## WHAT YOU ARE ASKED TO DO
Copy each line of the records below that mentions the word "BIPPER".

Content starts

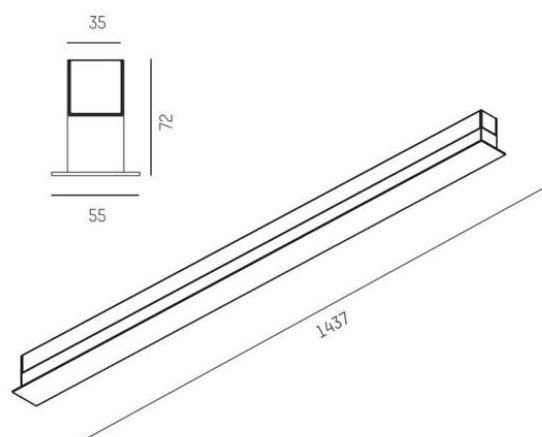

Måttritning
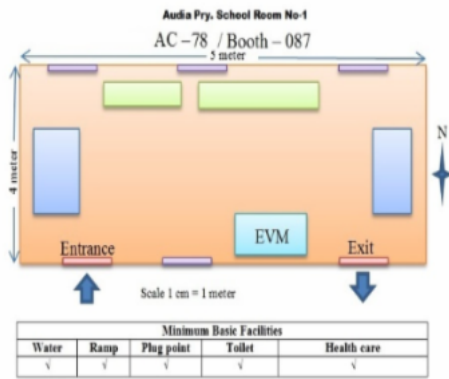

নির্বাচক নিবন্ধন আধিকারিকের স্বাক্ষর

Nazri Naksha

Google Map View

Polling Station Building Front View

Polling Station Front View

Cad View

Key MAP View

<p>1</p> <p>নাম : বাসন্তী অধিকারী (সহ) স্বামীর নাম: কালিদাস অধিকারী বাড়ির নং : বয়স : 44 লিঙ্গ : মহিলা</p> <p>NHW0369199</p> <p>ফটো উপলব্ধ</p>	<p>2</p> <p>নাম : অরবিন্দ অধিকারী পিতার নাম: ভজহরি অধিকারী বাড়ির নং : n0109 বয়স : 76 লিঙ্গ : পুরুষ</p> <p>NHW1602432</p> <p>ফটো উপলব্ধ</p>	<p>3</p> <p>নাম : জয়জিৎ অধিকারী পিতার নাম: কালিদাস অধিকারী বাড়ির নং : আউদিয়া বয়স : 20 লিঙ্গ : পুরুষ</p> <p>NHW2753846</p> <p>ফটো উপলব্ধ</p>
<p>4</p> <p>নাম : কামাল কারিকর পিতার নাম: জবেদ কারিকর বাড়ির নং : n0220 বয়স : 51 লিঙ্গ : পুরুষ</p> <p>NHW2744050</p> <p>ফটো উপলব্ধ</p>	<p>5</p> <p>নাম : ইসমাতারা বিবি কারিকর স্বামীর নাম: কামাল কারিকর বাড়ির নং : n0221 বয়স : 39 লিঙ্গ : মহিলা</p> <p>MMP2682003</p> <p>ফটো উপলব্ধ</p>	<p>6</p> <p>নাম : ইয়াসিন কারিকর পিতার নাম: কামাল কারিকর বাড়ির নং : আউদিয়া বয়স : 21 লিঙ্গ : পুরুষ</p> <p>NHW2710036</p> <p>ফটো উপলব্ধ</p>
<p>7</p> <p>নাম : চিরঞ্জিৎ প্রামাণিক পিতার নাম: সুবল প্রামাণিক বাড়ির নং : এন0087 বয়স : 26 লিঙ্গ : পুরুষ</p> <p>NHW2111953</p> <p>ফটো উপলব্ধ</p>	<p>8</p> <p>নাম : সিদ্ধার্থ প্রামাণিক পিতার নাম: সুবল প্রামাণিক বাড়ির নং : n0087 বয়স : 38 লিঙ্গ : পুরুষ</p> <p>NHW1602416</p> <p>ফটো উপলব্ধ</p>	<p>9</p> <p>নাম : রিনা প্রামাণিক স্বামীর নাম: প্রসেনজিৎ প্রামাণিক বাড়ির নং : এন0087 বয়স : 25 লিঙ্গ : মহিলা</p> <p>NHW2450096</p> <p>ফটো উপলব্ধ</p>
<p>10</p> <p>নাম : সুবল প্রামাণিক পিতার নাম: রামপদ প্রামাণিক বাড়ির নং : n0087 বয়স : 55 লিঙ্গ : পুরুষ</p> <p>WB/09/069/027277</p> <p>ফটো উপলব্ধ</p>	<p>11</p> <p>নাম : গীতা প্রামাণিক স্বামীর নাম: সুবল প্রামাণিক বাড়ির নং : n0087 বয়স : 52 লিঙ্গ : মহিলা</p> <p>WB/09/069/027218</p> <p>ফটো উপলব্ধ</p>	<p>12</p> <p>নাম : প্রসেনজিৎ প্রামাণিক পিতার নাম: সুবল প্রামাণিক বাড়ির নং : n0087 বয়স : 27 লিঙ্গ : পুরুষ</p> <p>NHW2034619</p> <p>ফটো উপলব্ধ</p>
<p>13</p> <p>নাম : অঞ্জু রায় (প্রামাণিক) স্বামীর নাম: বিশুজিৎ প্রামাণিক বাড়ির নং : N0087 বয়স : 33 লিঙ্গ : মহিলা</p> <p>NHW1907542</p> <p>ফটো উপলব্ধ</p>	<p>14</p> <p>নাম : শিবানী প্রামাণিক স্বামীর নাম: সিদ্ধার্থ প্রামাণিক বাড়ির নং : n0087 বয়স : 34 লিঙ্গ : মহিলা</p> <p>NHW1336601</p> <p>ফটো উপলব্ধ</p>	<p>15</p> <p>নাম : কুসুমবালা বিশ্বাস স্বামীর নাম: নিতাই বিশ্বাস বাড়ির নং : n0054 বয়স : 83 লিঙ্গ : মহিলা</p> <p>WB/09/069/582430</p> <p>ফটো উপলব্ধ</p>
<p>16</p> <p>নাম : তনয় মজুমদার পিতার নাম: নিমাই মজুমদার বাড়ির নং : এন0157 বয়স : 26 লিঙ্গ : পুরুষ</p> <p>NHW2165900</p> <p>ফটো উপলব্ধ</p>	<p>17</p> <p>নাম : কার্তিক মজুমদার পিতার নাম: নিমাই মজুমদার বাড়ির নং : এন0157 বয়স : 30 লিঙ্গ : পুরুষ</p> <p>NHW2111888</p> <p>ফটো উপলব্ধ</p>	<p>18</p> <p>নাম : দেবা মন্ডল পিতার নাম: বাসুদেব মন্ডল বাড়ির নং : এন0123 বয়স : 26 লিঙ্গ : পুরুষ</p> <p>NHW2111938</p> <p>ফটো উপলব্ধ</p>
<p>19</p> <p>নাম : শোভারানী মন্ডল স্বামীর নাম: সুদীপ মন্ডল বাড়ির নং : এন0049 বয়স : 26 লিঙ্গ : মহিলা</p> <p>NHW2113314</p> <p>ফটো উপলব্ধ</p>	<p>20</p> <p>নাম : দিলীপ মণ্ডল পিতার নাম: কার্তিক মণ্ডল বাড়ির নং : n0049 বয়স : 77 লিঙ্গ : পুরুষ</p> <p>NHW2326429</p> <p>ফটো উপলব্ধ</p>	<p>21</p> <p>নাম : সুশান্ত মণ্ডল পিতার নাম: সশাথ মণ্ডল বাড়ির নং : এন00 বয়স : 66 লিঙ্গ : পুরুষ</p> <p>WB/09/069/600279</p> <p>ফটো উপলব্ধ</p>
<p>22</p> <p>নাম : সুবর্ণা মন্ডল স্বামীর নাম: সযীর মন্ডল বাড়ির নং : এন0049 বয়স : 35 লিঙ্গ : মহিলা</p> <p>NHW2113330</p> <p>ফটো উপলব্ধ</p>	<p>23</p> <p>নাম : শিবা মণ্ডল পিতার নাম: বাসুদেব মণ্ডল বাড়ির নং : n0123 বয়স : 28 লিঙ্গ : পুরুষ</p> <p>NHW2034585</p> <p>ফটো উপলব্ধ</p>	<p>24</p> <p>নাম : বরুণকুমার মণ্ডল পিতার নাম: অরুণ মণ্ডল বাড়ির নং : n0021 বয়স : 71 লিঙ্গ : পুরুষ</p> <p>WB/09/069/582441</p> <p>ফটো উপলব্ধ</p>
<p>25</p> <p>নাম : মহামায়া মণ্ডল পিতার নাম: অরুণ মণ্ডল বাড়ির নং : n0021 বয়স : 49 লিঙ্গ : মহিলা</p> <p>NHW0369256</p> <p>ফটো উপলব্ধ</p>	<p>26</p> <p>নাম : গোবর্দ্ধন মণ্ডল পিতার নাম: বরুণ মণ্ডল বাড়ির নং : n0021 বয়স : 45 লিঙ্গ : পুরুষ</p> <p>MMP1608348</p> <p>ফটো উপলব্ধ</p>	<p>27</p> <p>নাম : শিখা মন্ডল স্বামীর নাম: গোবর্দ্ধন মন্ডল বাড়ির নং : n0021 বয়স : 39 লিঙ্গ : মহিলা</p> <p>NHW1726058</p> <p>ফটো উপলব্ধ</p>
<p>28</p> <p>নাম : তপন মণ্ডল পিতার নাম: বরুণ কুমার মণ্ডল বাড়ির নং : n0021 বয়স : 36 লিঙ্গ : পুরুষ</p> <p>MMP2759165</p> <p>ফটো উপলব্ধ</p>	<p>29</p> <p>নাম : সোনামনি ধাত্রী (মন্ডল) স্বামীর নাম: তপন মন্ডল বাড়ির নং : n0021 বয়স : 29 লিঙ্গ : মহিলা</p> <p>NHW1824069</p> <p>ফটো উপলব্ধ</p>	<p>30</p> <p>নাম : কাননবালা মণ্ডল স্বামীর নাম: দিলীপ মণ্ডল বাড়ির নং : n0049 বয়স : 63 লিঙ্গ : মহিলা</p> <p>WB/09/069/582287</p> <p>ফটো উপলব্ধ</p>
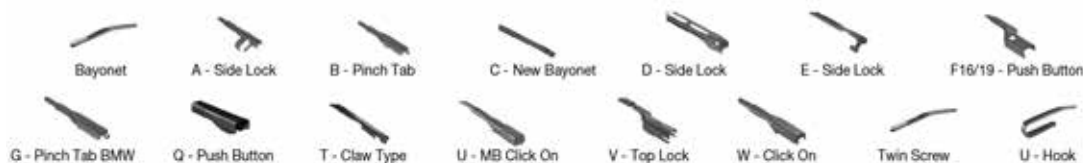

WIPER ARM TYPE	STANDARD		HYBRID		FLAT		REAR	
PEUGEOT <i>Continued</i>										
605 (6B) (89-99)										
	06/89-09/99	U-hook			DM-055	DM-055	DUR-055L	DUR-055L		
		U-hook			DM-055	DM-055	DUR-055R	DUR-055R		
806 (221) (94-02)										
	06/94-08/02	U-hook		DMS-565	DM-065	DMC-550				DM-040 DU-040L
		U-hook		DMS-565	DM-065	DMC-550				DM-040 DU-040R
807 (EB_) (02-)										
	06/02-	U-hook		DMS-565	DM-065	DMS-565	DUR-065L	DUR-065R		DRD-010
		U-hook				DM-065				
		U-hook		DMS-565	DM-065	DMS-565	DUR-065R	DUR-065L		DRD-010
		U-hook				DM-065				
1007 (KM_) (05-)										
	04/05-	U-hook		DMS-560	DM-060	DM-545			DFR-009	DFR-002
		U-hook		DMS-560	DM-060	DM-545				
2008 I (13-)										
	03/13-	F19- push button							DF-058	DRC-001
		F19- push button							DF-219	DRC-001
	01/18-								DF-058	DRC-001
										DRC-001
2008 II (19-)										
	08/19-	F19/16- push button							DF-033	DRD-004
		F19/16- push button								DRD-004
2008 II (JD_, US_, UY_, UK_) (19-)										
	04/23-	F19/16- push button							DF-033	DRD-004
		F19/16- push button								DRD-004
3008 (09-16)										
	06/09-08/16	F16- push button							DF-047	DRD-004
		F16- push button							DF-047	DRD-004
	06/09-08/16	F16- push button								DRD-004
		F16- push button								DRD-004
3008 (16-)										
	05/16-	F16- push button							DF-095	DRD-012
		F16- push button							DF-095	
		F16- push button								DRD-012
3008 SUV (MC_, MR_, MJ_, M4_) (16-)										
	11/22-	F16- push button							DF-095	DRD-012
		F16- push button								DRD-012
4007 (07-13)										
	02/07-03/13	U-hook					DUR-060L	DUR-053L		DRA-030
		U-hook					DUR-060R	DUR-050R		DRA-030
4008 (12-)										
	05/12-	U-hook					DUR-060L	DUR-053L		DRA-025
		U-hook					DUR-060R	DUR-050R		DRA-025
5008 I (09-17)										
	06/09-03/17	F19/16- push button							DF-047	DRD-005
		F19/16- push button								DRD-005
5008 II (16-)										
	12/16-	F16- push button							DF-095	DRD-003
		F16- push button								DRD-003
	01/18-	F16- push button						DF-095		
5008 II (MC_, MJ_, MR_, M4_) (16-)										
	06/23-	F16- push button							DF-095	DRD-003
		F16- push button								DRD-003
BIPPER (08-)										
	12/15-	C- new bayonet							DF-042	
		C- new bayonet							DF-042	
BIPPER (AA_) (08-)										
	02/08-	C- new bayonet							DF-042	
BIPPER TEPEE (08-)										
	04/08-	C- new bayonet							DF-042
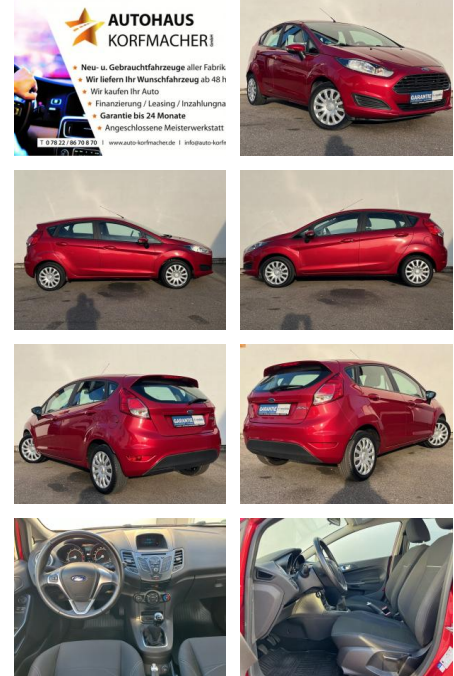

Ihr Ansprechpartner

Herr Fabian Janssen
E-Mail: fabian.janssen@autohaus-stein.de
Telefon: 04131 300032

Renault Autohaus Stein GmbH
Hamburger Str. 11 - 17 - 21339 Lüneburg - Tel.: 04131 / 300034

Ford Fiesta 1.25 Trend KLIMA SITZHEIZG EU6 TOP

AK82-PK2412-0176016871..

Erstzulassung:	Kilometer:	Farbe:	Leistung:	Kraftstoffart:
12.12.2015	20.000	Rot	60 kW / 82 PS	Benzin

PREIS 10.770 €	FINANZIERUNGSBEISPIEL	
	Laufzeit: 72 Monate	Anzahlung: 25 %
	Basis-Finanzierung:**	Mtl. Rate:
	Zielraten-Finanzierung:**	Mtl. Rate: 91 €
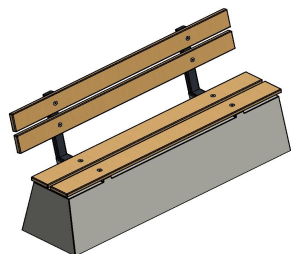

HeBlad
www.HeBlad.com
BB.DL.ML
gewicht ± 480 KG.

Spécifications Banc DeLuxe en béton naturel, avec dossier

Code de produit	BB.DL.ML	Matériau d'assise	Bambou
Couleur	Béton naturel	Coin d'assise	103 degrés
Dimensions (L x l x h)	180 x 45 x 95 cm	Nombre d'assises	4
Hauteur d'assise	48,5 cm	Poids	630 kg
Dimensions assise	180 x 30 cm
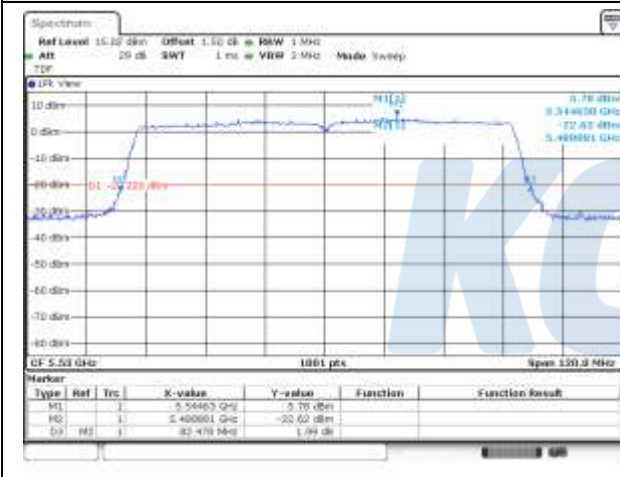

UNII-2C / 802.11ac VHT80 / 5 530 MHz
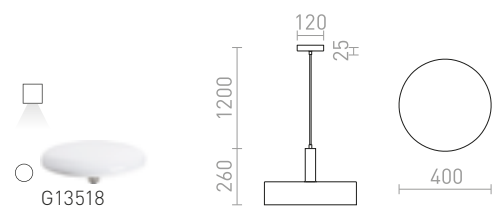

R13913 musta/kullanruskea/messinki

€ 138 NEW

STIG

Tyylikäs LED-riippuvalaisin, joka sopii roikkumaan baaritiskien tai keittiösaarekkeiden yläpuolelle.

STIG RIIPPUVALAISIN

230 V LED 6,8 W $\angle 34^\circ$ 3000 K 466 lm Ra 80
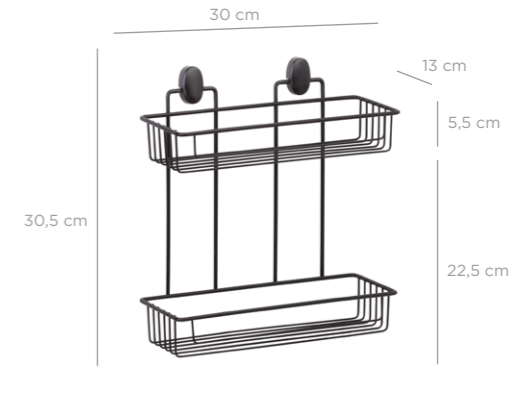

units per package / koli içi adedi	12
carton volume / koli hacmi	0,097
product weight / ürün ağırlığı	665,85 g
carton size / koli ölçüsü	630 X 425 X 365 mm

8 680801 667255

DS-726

Content ends

## RESULT OF THIS TASK
BIPPER (08-)										
BIPPER (AA_) (08-)										
BIPPER TEPEE (08-)										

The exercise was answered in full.